I've read some great threads on your forum and I am soo pumped to incorporate what I've learned to my own regimen. (*Awesome work IM!)*

**Completely off topic**
I work in downtown Miami and I wish you all could see the thousands of people gathered out here to cheer on the new NBA champs, the Miami Heat.

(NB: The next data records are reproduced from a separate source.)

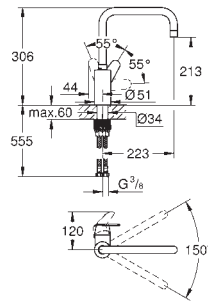

GROHE EURODISC COSMOPOLITAN

Referência

Cor

P.V.P.R. (€)

32 259 003

cromado

250,00

Eurodisc Cosmopolitan
Monocomando de lava-louça 1/2"

Bica alta
1 furo para instalação
Acabamento cromado **GROHE StarLight**
Cartucho de discos cerâmicos **GROHE SilkMove 35 mm**
Vias de água separadas - sem chumbo e níquel
Limitador ecológico de caudal
Bica giratória
Amplitude: 0° / 150°
Perlator tipo „Mousseur“
Ligações flexíveis
Sistema de montagem **GROHE FastFixation**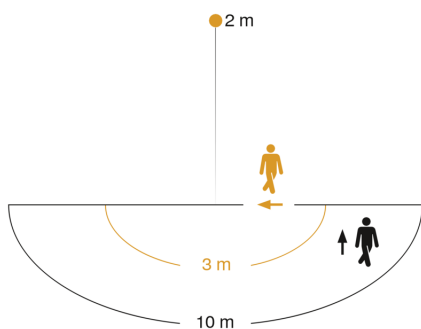

L 244 S

anthrazit

EAN 4007841 033248

Art.-Nr. 033248

Technische Daten

Abmessungen (L x B x H)	81 x 165 x 305 mm
Netzanschluss	220 – 240 V / 50 – 60 Hz
Sensortechnologie	Passiv Infrarot
Leistung	7,5 W
Eigenverbrauch	0,5 W
Vernetzung	Nein
Slavebetrieb einstellbar	Nein
gemessener Lichtstrom (360°)	500 lm
Effizienz	67 lm/W
Farbtemperatur	3000 K
Farbabweichung LED	SDCM3
Farbwiedergabeindex	80-89
Mit Leuchtmittel	Ja, STEINEL LED-System
Leuchtmittel	LED nicht austauschbar
Lebensdauer LED (Max. °C)	50000 Std
Lichtstromrückgang nach LM80	L70B10
Sockel	Ohne
LED Kühlsystem	Passive Thermo Control
Mit Bewegungsmelder	Ja
Erfassungswinkel	180 °
segmentweise Ausblendung	Ja
Elektronische Skalierbarkeit	Nein

Sensorerfassungsbereich

Mögliche Montagehöhe: 1,80 m – 3,00 m

Orange: radial

Schwarz: tangential

Maßzeichnung

Sensor-LED-Außenleuchte

L 244 S

anthrazit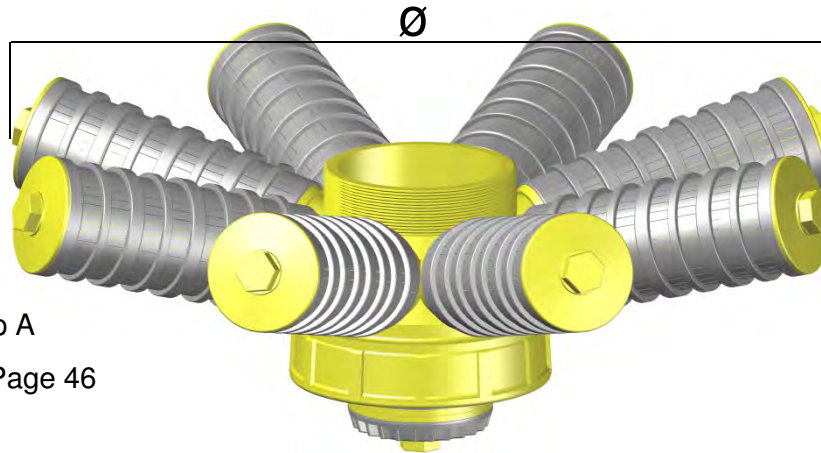

**Filterdüsen-Sterne  
mit 8 Armen**

**Filter-Nozzles-Stars  
with 8 arms**

**Crépines étoiles  
à 8 bras**

**Estrellas para  
toberas a filtro  
con 8 brazos**

**Typ SO8**

Typ A  
Seite / Page 46

**Typ MSO8**

Bestellung Ordering Commande Encargo	Typ Type Type Tipa
---	-----------------------------

**MSO8**

**Typ MSO16**

Bestellung Ordering Commande Encargo	Typ Type Type Tipa
---	-----------------------------

**MSO16**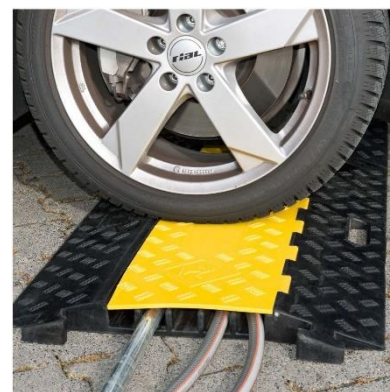

Kabel- & slangbruggen

PREMIUM VOLRUBBER KABELBRUG / KABELGOOT voor binnen en buiten

Deze rubberen kabelbruggen zijn ontwikkeld met de beste grondstoffen en materialen. Daarmee is het ook nog eens duurzaam in gebruik en is de kabelgoot bestand tot wel 9 TON-wieldruk.

De kabelbruggen hebben 2, 3, of 5 kanalen en zijn kwalitatief een toppers! Een geschikt oplossing voor het tijdelijk of permanent plaatsen van een kabelbrug systeem voor je slangen en elektrische kabels.

Kabelbruggen voor markten, beurzen, evenementen, en festivals.

Kabelbruggen voor garages, bedrijfshallen en industrieel gebruik.

Kabelbruggen voor straat en weg verkeerssituaties en veiligheid.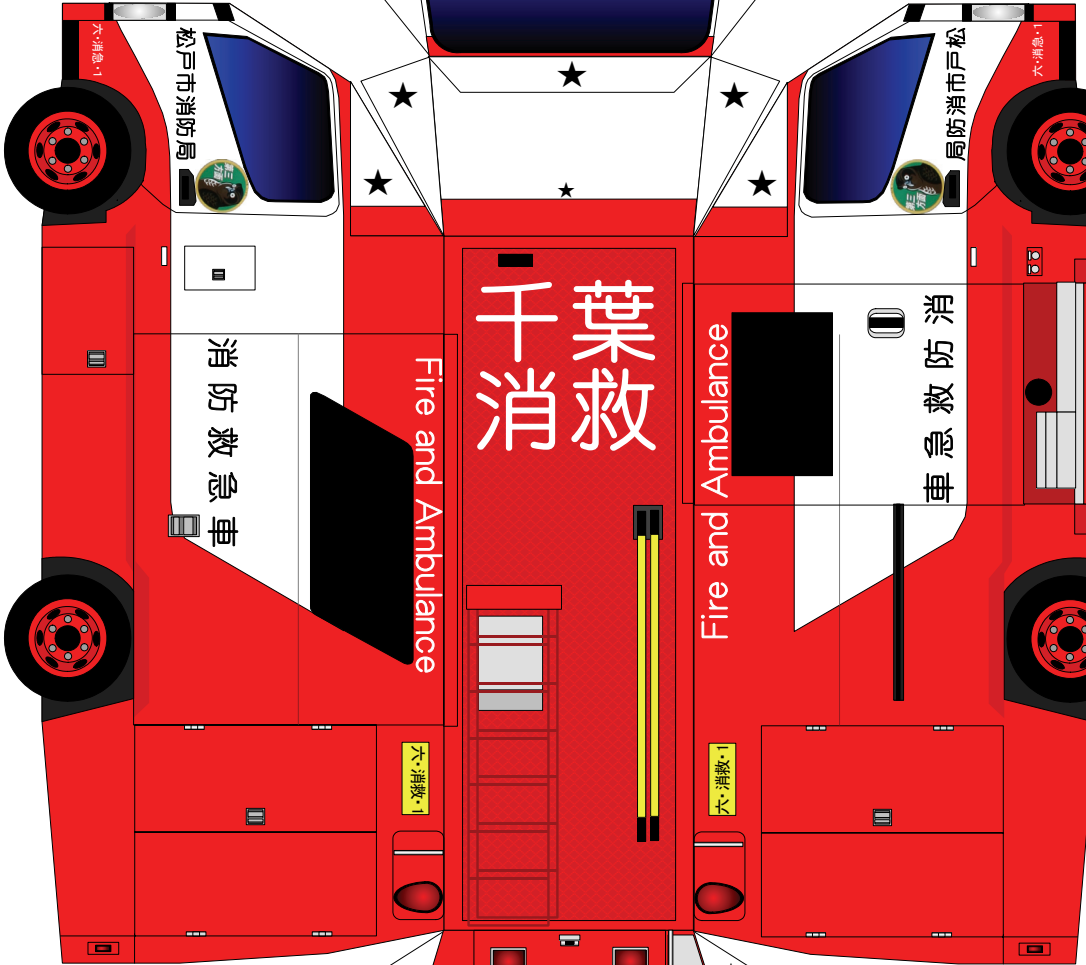

完成写真

この消防車ペーパークラフトの
著作権は、名古屋市加藤裕康さん
(E-mail:hiroyasu.kato@city.nagoya.jp)
にあり、本人の承諾を得て松戸市消防
局が車両表示等の一部変更と印刷及
び配布を行っております。
この作品の無断複製、転載、配布
を禁じます。

お問い合わせは
〒270-2241
千葉県松戸市松戸新田1-14-5
松戸市消防局 企画管理室 総務担当
TEL047-363-1113 内線5123
URL:http://www.city.matsudo.chiba.jp/
E-mail:mct@kikaku.city.matsudo.chiba.jp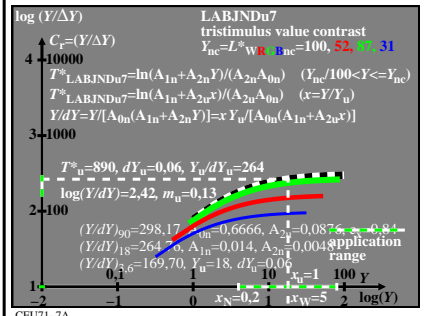

see similar files: <http://farbe.li.tu-berlin.de/CEU7/CEU7.HTM>
technical information: <http://farbe.li.tu-berlin.de> or <http://farbe.li.tu-berlin.de>

TUB registration: 20220301-CEU7/CEU7L0NP.PDF /.PS
application for measurement of display output
TUB material: code=rha4ta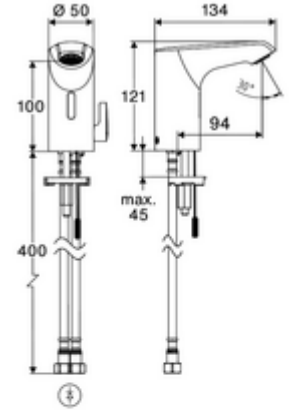

ürün numarası: 00 255 06 99

Elektronische Waschtisch-Armatur XERIS E² HD-M small - Yüksek basıncı karma su

Yenilikçi ToF teknolojisine sahip temassız, sensör kumandalı armatür. Aynalar, uyarı yelekleri gibi yansıtıcı malzemelere karşı duyarlıdır. Entegre Bluetooth® arayüzü. SCHELL uygulaması üzerinden parametrelendirilebilir. SCHELL su yönetim sistemi SWS ile ağ kurmak için uygun. Şebeke işletimi (fiş adaptörü).

Teslimat kapsamı

- Time-of-Flight-Sensor tek delikli armatür
 - Sıcak su sınırlamalı sıcaklık kontrolörü
 - 6V ön filtrelili eksensel selenoid valf
- Fiş adaptörü 9 VDC, 100 - 240 VAC, 50 - 60 Hz
- 2 esnek bağlantı hortumu Clean-Fix S G 3/8 IG x 410 mm, entegre çekvalf (Çekvalf, EN 1717: EB) ve ön filtre ile
- Lavabo montajı için sabitleme malzemesi

Teknik veriler

- SCHELL App ile ayar seçenekleri
 - Önceden ayarlanmış çalışma modları üzerinden hızlı parametrelendirme (elektrik tasarrufu / su tasarrufu / konfor)
 - Uzman modunda özelleştirilmiş ayarlar (sensör menzili, sensör ölçüm aralığı, kişi algılama, maks. çalışma süresi, ilave çalışma süresi)
 - Termal dezenfeksiyon için sürekli yıkama, uygulama üzerinden tetikleme (3 - 10 dakika)
 - Temizlik durdurma, uygulama veya Nahreflex üzerinden tetikleme (Kapalı / 60 - 360 sn)
- S_Durchfluss: 5 l/min
- Collection_Root_Attribute_71: 1,0 - 5,0 bar
- Collection_Root_Attribute_71: 8 bar
- Maks. işletim sıcaklığı: 70 °C (80 °C termal dezenfeksiyon için)
- Bağlantı: 2x G 3/8 IG
- Malzeme: Mahfaza Pirinç
- Yüzey: Krom
- Sertifikalar: PA-IX 10332/IO, DVGW talep edilen
- null: O

null

- : 1,50 kg/Adet
- : 1

Verlängerungskabel 1,5 m	Makale numarası.: 51 010 00 veya 99
Verlängerungskabel 3 m	Makale numarası.: 51 023 00 veya 99
Eckventil-Thermostat	Makale numarası.: 09 414 06 99
Eckventil mit Regulierfunktion COMFORT mit Filter	Makale numarası.: 05 430 06 99
Waschtischablaufgarnitur OPEN	Makale numarası.: 02 002 06 veya 99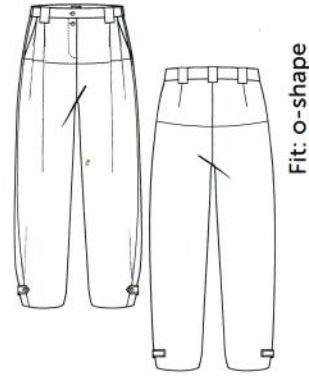

Tavia 7/8
Style: 507578
Price: 074199078.76
LH/FW/SL: 32/44/70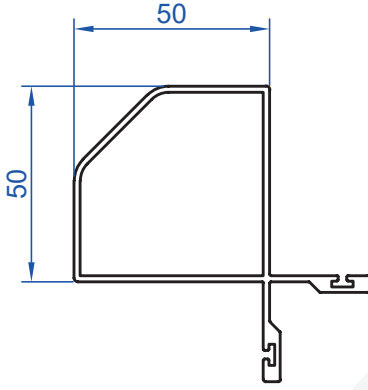

**AYDE**

**HAVALANDIRMA PROFİLLERİ**

VENTILATION PROFILES

**23000**

1,140 kg / mt

**23001**

0,830 kg / mt

**23002**

0,934 kg / mt

**23003**

0,692 kg / mt

**23004**

0,937 kg / mt

**23005**

1,207 kg / mt

**23006**

0,920 kg / mt

**23007**

1,011 kg / mt

**23008**

2,035 kg / mt

**23009**

0,835 kg / mt

**23010**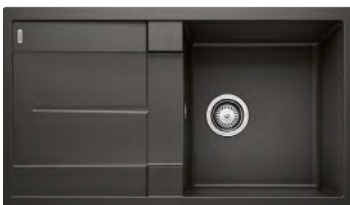

BLANCO METRA 5 S

- lze použít excentrické ovládání 118 979
Montáž shora

Barva	Obj. číslo	MOC s DPH	Akční cena v Kč
černá	525 919	11-790	10 350
antracit	513 212		
šedá skála	518 872		
aluminium	513 204		
bílá	513 205		
jasmín	513 206		
tartufo	517 349		
kávová	515 042		

Výřez: 840 x 480 mm, R15
Hloubka dřezu: 190 mm

50 cm rozměr skříňky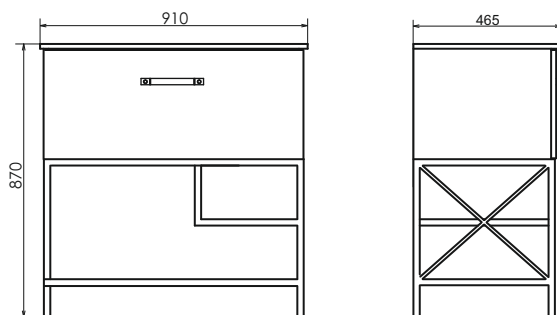

Название: Шкаф - колонна напольная
Артикул: Бредфорд - 40 (правая/левая) универсальная
Цвет: Белый глянец/графит
Габариты: 1900x390x320 (ВхШхГ)

Напольная шкаф-колонна с одной створкой и пространством для открытого хранения. Створка оснащена петлями плавного закрывания. В модели используется стальной профиль, покрытый серой матовой эмалью. За створкой пять полок.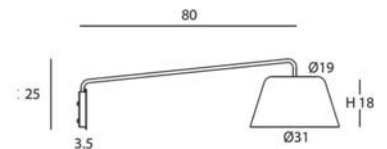

INSTALACIÓN/ INSTALLATION

E27 LED 1x15W Ø6cm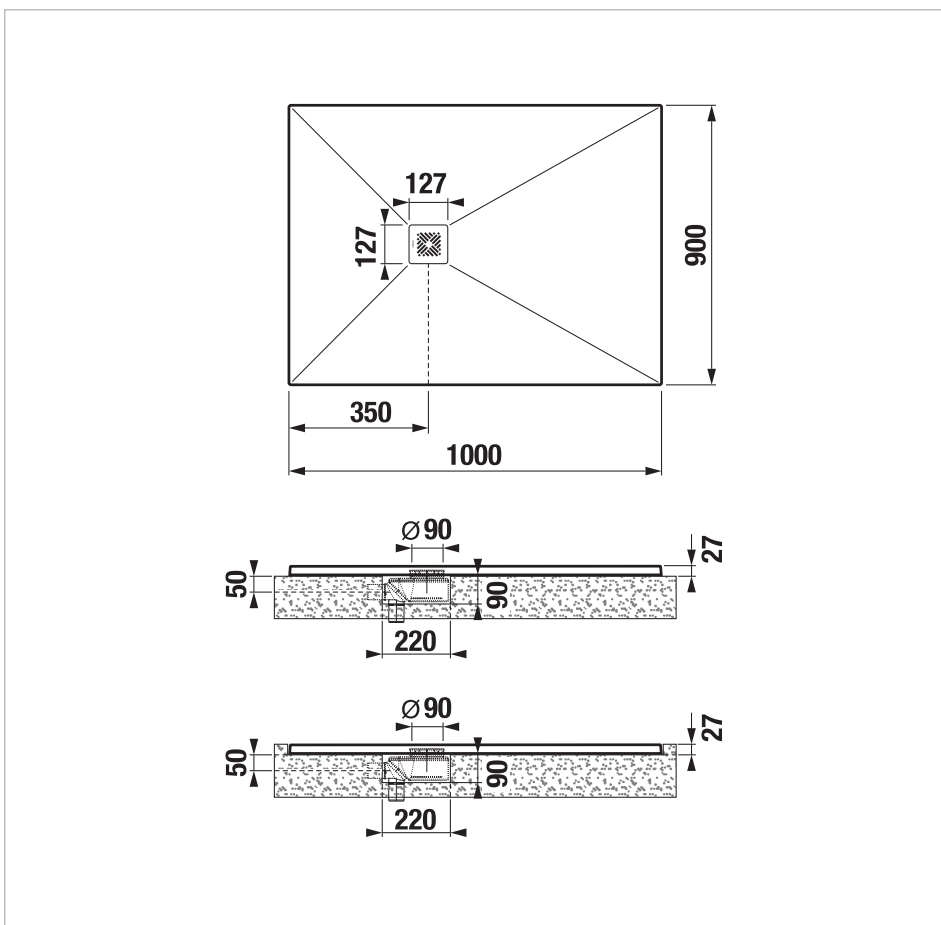

Sprchová vanička, obdelníková, litý mramor, vč. nerez krytky sifonu

Rozměry

Délka: 1000 mm.

Šířka: 900 mm.

Výška: 27 mm.

Technické výkresy

Sprchové vaničky Padana jsou vyrobeny z inovativního litého mramoru, který se dobře čistí a snadno udržuje. Hlavní složkou výrobku je vápenec, který ve spojení s prykyřicí dává vzniknout jedinečnému materiálu. Vaničky jsou vysoce odolné s dlouhodobou životností. Spolu s minimalistickým designem jsou vaničky Padana chloubou každé koupelny. Prostorná sprchová obdelníková vanička Padana o rozměru 1000 x 900 mm je vyrobená v nové barevné variantě bílá matná se strukturou břidlice a je nabízena včetně nerezové čtvercové krytky sifonu. Doporučujeme kombinovat se sifonem bez krytky značky Laufen H2951270000001. Sprchové vaničky jsou vyrobené v UK a poskytujeme na ně záruku 3 roky.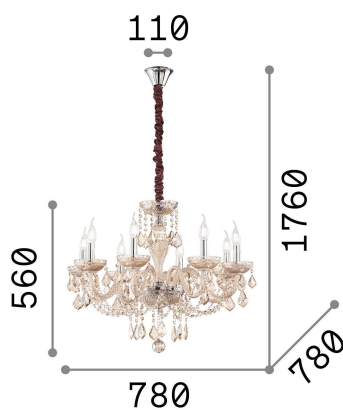

Allgemeine Information

Innen - Aufhängung

Ean	8021696166889
Artikel	ROSE SP8
Installation	Aufhängung
Garantie	5 years
Bruttogewicht	10.21 kg
Volumen	0.132057 m ³

Technische Information

Nettogewicht	7.63 kg
Isolationsklasse	I
Schutzindex	IP20
Einhaltung	CE
Betriebstemperatur	0° ~ +40 °C
Dimmer	Determined by the light bulb
Leistung	220-240 V AC
Energieversorgung	Not required

Quellinfo

Integrierte Quelle	Light bulb (not included)
Austauschbare Quelle	No
Leistung	E14 max 8 x 40 W
Emissionen	Diffuse
Maximaler Verbrauch	-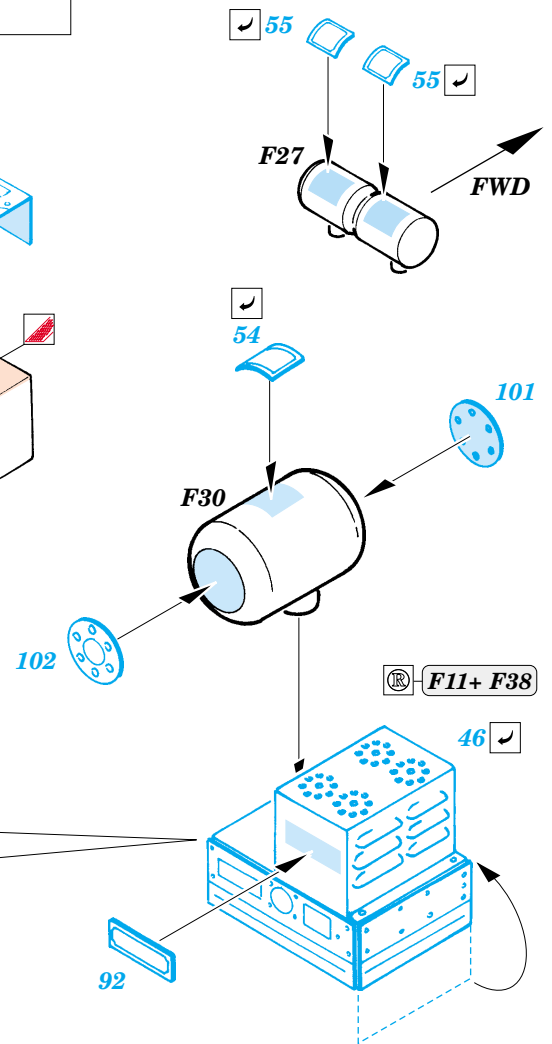

P-38L Lightning interior set

eduard

32 125

1/32 scale detail set for Trumpeter kit 02227 • sada detailů pro model 1/32 Trumpeter 02227

- ★ APPLY EXPRESS MASK AND PAINT BEFORE GLUING
POUŽIT EXPRESS MASK NABARVIT PŘED SLEPENÍM
- ☉ SYMMETRICAL ASSEMBLY
SYMETRICKÁ MONTÁŽ
- REMOVE
ODSTRANIT
- ▨ GRIND
OBROUSIT
- ⊘ DRILL HOLE
VRTAT OTVOR
- ↪ BEND
OHNOUT
- ⊙ OPTION
VOLBA
- Ⓜ REPLACE
NAHRADIT

FILM

PRINT

ORIGINAL KIT PARTS
PŮVODNÍ DÍLY STAVEBNICE

PHOTO-ETCHED PARTS
LEPTANÉ DÍLY

PARTS TO BE REMOVED
DÍLY K ODSTRANĚNÍ

FILL
TMELIT

REFERENCES:

- Aero Detail #28 - P-38 Lightning
- Monografie Lotnicze #70 - P-38 Lightning
- Yellow Series #6109 - P-38 J-L Lightning

It is nuts out here!


----------



## MCx2 (Jun 23, 2006)

Well, I'm a fellow South Floridian, and I wish I was there for the celebration!! Good luck with your goals and welcome!


----------



## pinkinmiami (Jun 23, 2006)

FatCatMC said:
			
		

> Well, I'm a fellow South Floridian, and I wish I was there for the celebration!! Good luck with your goals and welcome!



Awesome, so you know about all the madness that's going on.

Thank you for the warm welcome FatCatMC


----------



## zombul (Jun 23, 2006)

Welcome PINK (I personally just like the sound of pink over pink in miami,but who cares).There is alot of smart (and some smart @$$e$)here that i'm sure will be helpfull to you.


----------



## pinkinmiami (Jun 24, 2006)

zombul said:
			
		

> Welcome PINK (I personally just like the sound of pink over pink in miami,but who cares).There is alot of smart (and some smart @$$e$)here that i'm sure will be helpfull to you.


Hey Zombu, thanks, you can call me pink if you like   I love smart assess, I think I'm going to love it here.


----------



## Arnold (Jun 25, 2006)

pinkinmiami welcome to IM!


----------



## LexusGS (Jun 26, 2006)

pinkinmiami welcome to IM!


----------



## Doublebase (Jun 30, 2006)

Welcome.


----------



## NeilPearson (Jun 30, 2006)

pinkinmiami said:
			
		

> Hey Zombu, thanks, you can call me pink if you like  *I love smart assess*, I think I'm going to love it here.



well you came to the right place


----------



## managemysite (Jul 25, 2006)

I live in Ft. Lauderdale, near Miami as well, it is amazing what the team did this year and how well they were perceived by the local community.


----------



## kenwood (Jul 28, 2006)

welcome to IM


----------